## Data records:
================

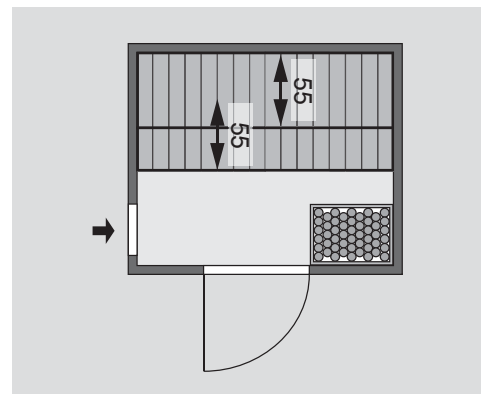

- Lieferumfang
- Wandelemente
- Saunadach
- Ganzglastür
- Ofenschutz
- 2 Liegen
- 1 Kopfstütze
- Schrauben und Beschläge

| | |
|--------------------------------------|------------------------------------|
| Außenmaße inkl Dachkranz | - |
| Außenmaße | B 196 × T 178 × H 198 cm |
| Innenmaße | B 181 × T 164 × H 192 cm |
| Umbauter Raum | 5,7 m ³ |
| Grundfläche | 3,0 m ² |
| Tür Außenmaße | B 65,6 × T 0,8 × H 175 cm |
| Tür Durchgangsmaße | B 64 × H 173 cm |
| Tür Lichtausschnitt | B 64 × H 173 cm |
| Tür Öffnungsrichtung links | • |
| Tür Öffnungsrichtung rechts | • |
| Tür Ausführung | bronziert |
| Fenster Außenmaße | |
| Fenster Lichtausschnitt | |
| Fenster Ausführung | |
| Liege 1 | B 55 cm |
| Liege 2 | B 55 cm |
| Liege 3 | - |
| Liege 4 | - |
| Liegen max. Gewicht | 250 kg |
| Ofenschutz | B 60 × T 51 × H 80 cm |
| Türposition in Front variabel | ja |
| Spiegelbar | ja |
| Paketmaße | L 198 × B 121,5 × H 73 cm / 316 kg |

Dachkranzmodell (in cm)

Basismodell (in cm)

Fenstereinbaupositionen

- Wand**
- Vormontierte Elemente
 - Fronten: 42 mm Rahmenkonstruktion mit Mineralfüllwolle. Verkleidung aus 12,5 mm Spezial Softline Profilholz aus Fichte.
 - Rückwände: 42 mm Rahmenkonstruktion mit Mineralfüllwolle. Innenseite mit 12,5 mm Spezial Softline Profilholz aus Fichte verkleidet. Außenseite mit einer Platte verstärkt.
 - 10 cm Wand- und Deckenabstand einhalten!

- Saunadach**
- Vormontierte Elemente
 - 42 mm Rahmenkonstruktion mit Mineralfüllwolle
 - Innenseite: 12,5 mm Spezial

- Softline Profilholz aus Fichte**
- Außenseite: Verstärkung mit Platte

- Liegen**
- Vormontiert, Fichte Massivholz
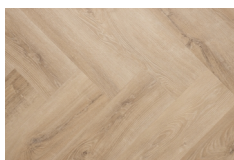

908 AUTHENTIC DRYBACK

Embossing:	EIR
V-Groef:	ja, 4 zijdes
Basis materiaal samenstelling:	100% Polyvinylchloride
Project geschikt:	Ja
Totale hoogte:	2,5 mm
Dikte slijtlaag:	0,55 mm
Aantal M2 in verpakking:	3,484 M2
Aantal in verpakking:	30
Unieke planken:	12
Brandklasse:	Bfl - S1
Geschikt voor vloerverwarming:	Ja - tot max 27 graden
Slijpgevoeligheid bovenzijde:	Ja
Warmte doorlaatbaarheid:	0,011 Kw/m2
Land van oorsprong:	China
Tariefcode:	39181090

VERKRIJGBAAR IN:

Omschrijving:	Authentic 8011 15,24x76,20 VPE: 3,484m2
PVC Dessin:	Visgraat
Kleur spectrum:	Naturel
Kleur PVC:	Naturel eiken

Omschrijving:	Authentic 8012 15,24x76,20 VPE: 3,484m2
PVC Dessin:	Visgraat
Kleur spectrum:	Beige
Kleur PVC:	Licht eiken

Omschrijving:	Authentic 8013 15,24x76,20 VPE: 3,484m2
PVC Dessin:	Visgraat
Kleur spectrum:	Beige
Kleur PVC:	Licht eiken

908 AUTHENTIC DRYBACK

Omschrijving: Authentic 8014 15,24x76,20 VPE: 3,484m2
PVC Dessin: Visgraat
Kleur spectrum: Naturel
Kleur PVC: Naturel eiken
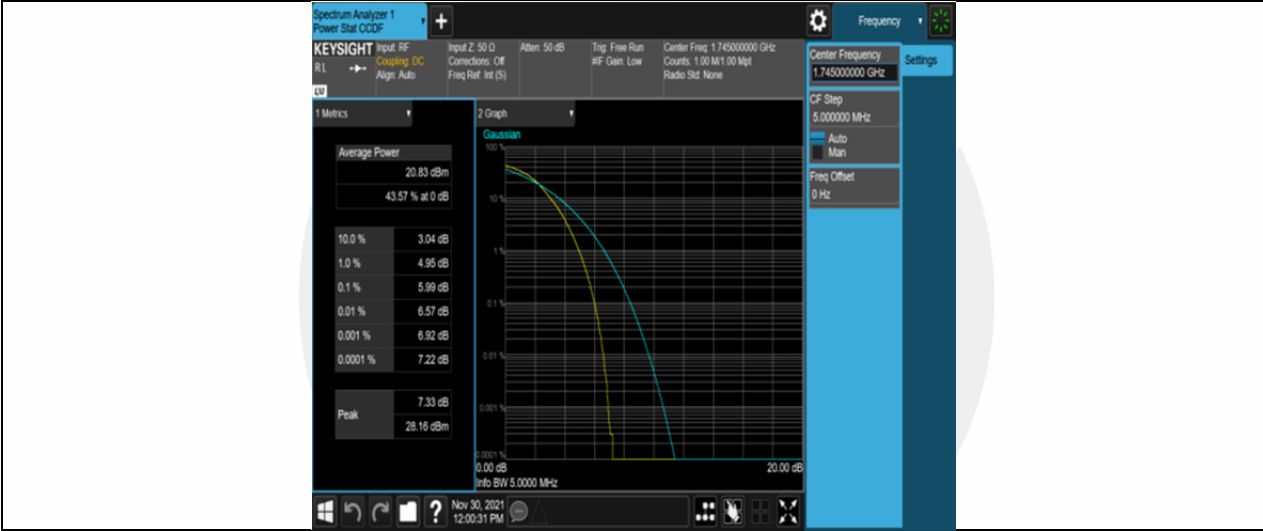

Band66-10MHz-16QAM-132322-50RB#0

================

## Work to complete:
Line count for the string "Profilholz": give the number of lines in the listing that hold it, with no other output.

## Response below:
3